EXERCISE DESCRIPTION >> Set down every record below exactly as it stands, with the pictures omitted.

::::

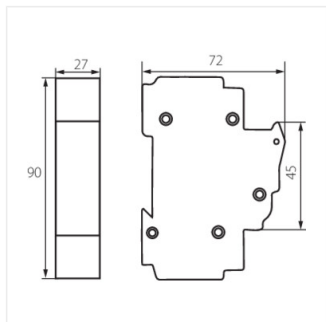

KSF

Biztosíték kapcsoló TH35, D02 sínre

KSF02-63-1P
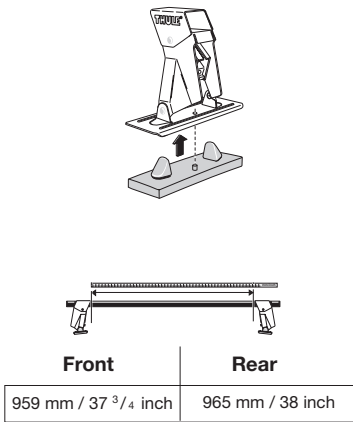

Thule System Kit 237

MAZDA Xedos, 94- (EUR)
MAZDA Eunos 800, 94- (JAP)
MAZDA Millenia, 95- (USA)

OPEL Corsa 3-dr, 93-

OPEL Corsa 4-dr, 96-
OPEL Corsa 5-dr, 93-
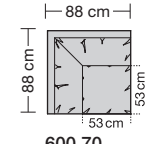

Sitztiefen
Sitztiefe 53 cm
Sitztiefe 58 cm (Mehrpreis)
Sitztiefe 62 cm (Mehrpreis)

Sitzhöhen
Sitzhöhe 43 cm
Sitzhöhe 46 cm
Durch Verlängerung des Seitenteils ohne Aufpreis.

Bitte Sitztiefe und Sitzhöhe bei der Bestellung unbedingt angeben.

600.70

600.22

600.44 L/R

600.54

600.70 Übertief für Sitztiefe 58 cm

600.70 Übertief für Sitztiefe 62 cm

600.23

600.45 L/R
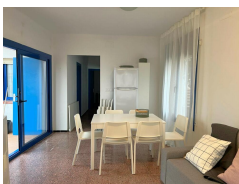

Ref: L196 CAP RAS 1

LLANÇÀ

HUTG-003306-62

BESCHREIBUNG

Schöne und sehr klare Ferienwohnung in der 1. Meereslinie, vor einem bezaubernden Strand von Cap de Ras (Llançà) und 3 km entfernt. Es verfügt über 2 Doppelzimmer (1 mit Doppelbett und das andere mit Einzelbetten), Esszimmer - Wohnzimmer, kleine separate Küche, Badezimmer und große Terrasse mit herrlichem Meerblick. Ausgestattet mit Waschmaschine, Mikrowelle und TV. Ideal aufgrund seiner privilegierten Lage in einer einzigartigen Landschaftsgegend mit Blick auf Cap de Creus, sehr ruhig und nur wenige Schritte vom Strand entfernt.
HUTG-003306

Weitere Eigenschaften

Terrasse Parking

Ausstattung

typology_id	Einbauschränke	Küchenasstattung
Backofen	Mikrowelle	Kaffeemaschine
Kühlschrank	Waschmaschine	Bügeleisen
Boiler	Fernseher	Gartenmöbel
Gartenmöbel und Außenmöbel	Markise	
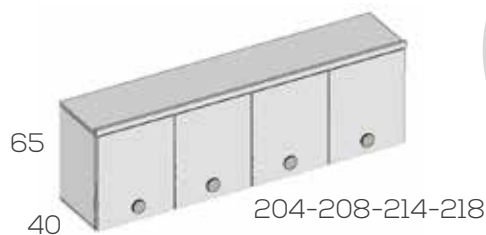

Puente 4 puertas

Interior con una balda
Interior grueso de 1,9cm.
Puerta solapada

	Ref.	Puntos
Puente 4 puertas de 204	202088	509
Puente 4 puertas de 208	202090	518
Puente 4 puertas de 214	202092	528
Puente 4 puertas de 218	202094	538

Opciones en roble (siempre liso):

Caja	35
Frente puerta	8
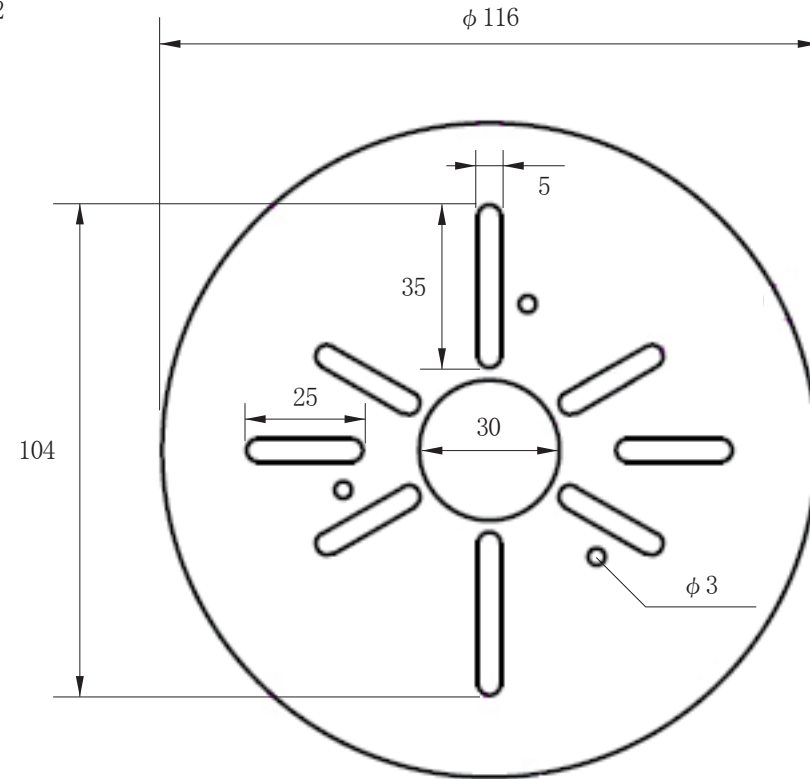

承認図

(単位:mm)

<p>特記事項</p>	<p>取扱店名</p>	<p>名称 形鋼(H形鋼等)カメラ取付金具</p>
<p>最大搭載重量 約 5kg</p>		<p>概要 屋内・屋外両用 / 色 アイボリー</p>
<p>正面取付型 / 取付可能フランジ厚: 最大 25mm</p>		<p>型番 CT-B037</p>
<p>材質 アルミ合金</p>		
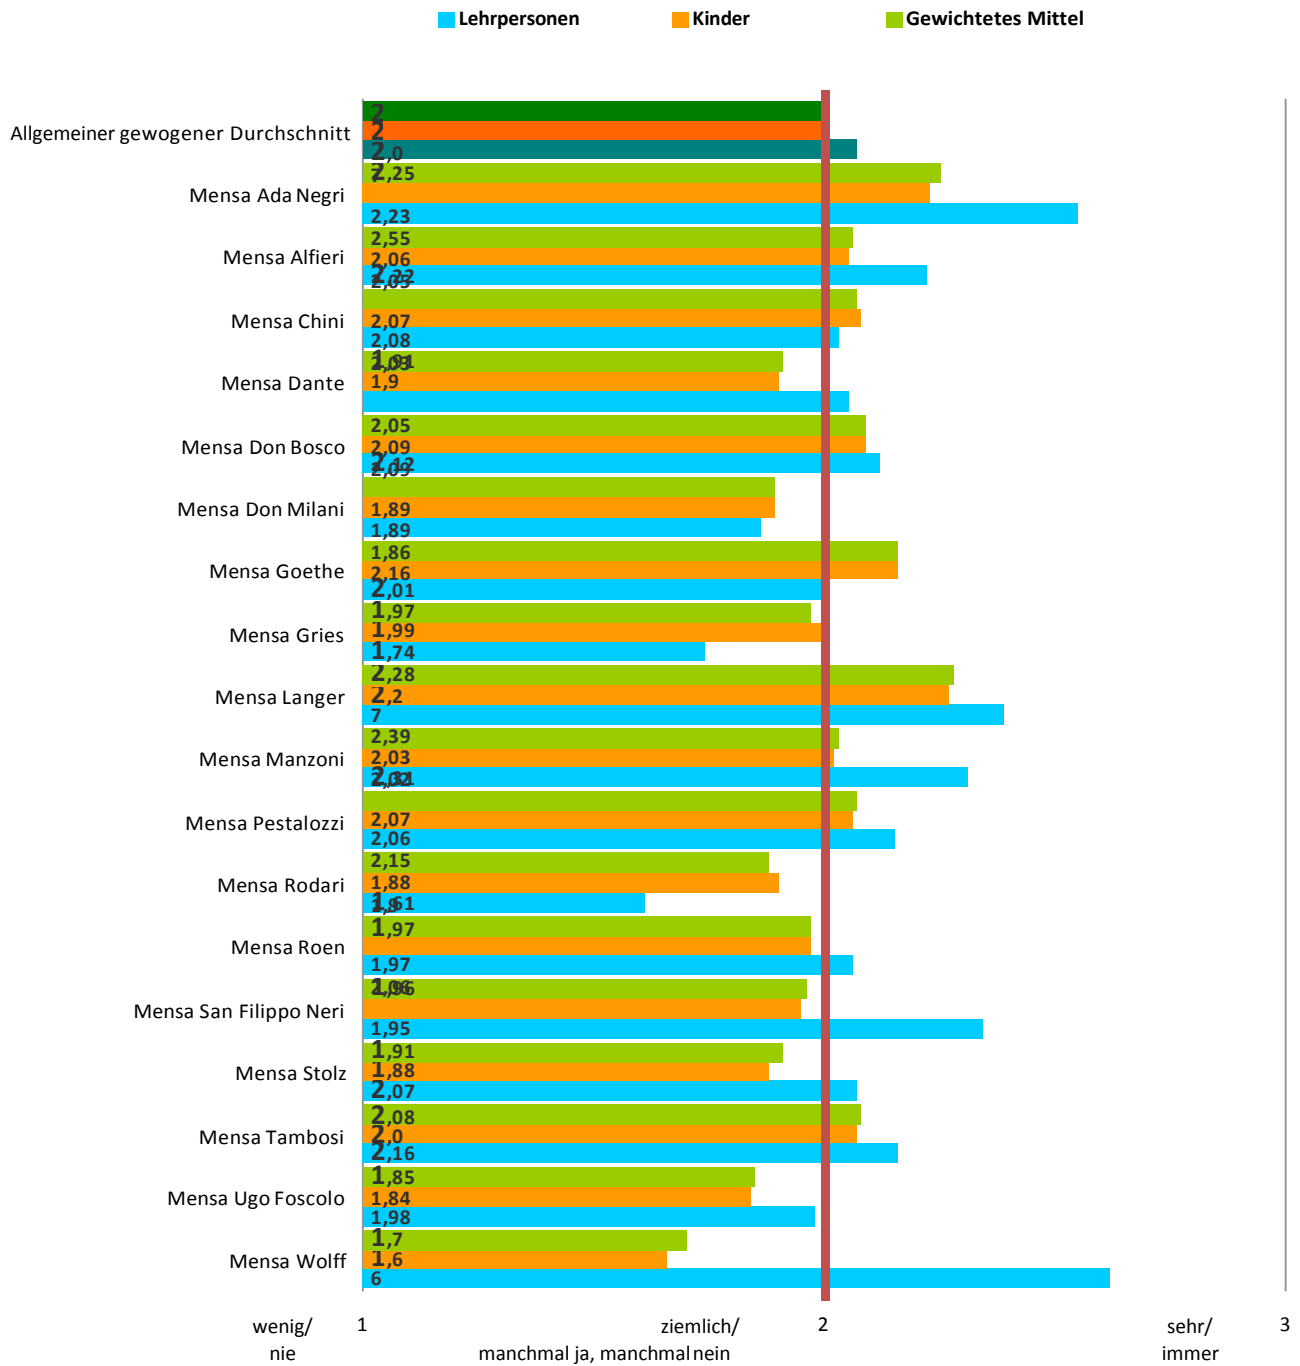

Allgemeine Durchschnittswerte pro Mensa

Mensa	Lehrpersonen		Kinder		Gewichtetes Mittel	
	gültig	Mittelwert	gültig	Mittelwert	gültig	Mittelwert
Mensa Ada Negri	4	2,55	66	2,23	70	2,25
Mensa Alfieri	27	2,22	367	2,05	394	2,06
Mensa Chini	10	2,03	69	2,08	79	2,07
Mensa Dante	28	2,05	271	1,9	299	1,91
Mensa Don Bosco	7	2,12	120	2,09	127	2,09
Mensa Don Milani	7	1,86	156	1,89	163	1,89
Mensa Goethe	3	2,01	105	2,16	108	2,16
Mensa Gries	19	1,74	204	1,99	223	1,97
Mensa Langer	4	2,39	73	2,27	77	2,28
Mensa Manzoni	7	2,31	147	2,02	154	2,03
Mensa Pestalozzi	20	2,15	235	2,06	255	2,07
Mensa Rodari	4	1,61	67	1,9	71	1,88
Mensa Roen	10	2,06	257	1,97	267	1,97
Mensa San Filippo Neri	2	2,34	67	1,95	69	1,96
Mensa Stolz	30	2,07	176	1,88	206	1,91
Mensa Tambosi	10	2,16	66	2,07	76	2,08
Mensa Ugo Foscolo	16	1,98	165	1,84	181	1,85
Mensa Wolff	1	2,62	25	1,66	26	1,7
Gewogener Durchschnitt	209	2,07	2636	2	2845	2

Allgemeine Durchschnittswerte pro Mensa

::::

RESPONSE >>
KSF

Biztosíték kapcsoló TH35, D02 sínre

KSF02-63-1P

Thule System Kit 237

MAZDA Xedos, 94- (EUR)
MAZDA Eunos 800, 94- (JAP)
MAZDA Millenia, 95- (USA)

OPEL Corsa 3-dr, 93-

OPEL Corsa 4-dr, 96-
OPEL Corsa 5-dr, 93-

Sitztiefen
Sitztiefe 53 cm
Sitztiefe 58 cm (Mehrpreis)
Sitztiefe 62 cm (Mehrpreis)

Sitzhöhen
Sitzhöhe 43 cm
Sitzhöhe 46 cm
Durch Verlängerung des Seitenteils ohne Aufpreis.

Bitte Sitztiefe und Sitzhöhe bei der Bestellung unbedingt angeben.

600.70

600.22

600.44 L/R

600.54

600.70 Übertief für Sitztiefe 58 cm

600.70 Übertief für Sitztiefe 62 cm

600.23

600.45 L/R

Ref: L196 CAP RAS 1

LLANÇÀ

HUTG-003306-62

BESCHREIBUNG

Schöne und sehr klare Ferienwohnung in der 1. Meereslinie, vor einem bezaubernden Strand von Cap de Ras (Llançà) und 3 km entfernt. Es verfügt über 2 Doppelzimmer (1 mit Doppelbett und das andere mit Einzelbetten), Esszimmer - Wohnzimmer, kleine separate Küche, Badezimmer und große Terrasse mit herrlichem Meerblick. Ausgestattet mit Waschmaschine, Mikrowelle und TV. Ideal aufgrund seiner privilegierten Lage in einer einzigartigen Landschaftsgegend mit Blick auf Cap de Creus, sehr ruhig und nur wenige Schritte vom Strand entfernt.
HUTG-003306

Weitere Eigenschaften

Terrasse Parking

Ausstattung

typology_id	Einbauschränke	Küchenasstattung
Backofen	Mikrowelle	Kaffeemaschine
Kühlschrank	Waschmaschine	Bügeleisen
Boiler	Fernseher	Gartenmöbel
Gartenmöbel und Außenmöbel	Markise	

Puente 4 puertas

Interior con una balda
Interior grueso de 1,9cm.
Puerta solapada

	Ref.	Puntos
Puente 4 puertas de 204	202088	509
Puente 4 puertas de 208	202090	518
Puente 4 puertas de 214	202092	528
Puente 4 puertas de 218	202094	538

Opciones en roble (siempre liso):

Caja	35
Frente puerta	8

承認図

(単位:mm)

<p>特記事項</p>	<p>取扱店名</p>	<p>名称 形鋼(H形鋼等)カメラ取付金具</p>
<p>最大搭載重量 約 5kg</p>		<p>概要 屋内・屋外両用 / 色 アイボリー</p>
<p>正面取付型 / 取付可能フランジ厚: 最大 25mm</p>		<p>型番 CT-B037</p>
<p>材質 アルミ合金</p>		

Allgemeine Durchschnittswerte pro Mensa

Mensa	Lehrpersonen		Kinder		Gewichtetes Mittel	
	gültig	Mittelwert	gültig	Mittelwert	gültig	Mittelwert
Mensa Ada Negri	4	2,55	66	2,23	70	2,25
Mensa Alfieri	27	2,22	367	2,05	394	2,06
Mensa Chini	10	2,03	69	2,08	79	2,07
Mensa Dante	28	2,05	271	1,9	299	1,91
Mensa Don Bosco	7	2,12	120	2,09	127	2,09
Mensa Don Milani	7	1,86	156	1,89	163	1,89
Mensa Goethe	3	2,01	105	2,16	108	2,16
Mensa Gries	19	1,74	204	1,99	223	1,97
Mensa Langer	4	2,39	73	2,27	77	2,28
Mensa Manzoni	7	2,31	147	2,02	154	2,03
Mensa Pestalozzi	20	2,15	235	2,06	255	2,07
Mensa Rodari	4	1,61	67	1,9	71	1,88
Mensa Roen	10	2,06	257	1,97	267	1,97
Mensa San Filippo Neri	2	2,34	67	1,95	69	1,96
Mensa Stolz	30	2,07	176	1,88	206	1,91
Mensa Tambosi	10	2,16	66	2,07	76	2,08
Mensa Ugo Foscolo	16	1,98	165	1,84	181	1,85
Mensa Wolff	1	2,62	25	1,66	26	1,7
Gewogener Durchschnitt	209	2,07	2636	2	2845	2

Allgemeine Durchschnittswerte pro Mensa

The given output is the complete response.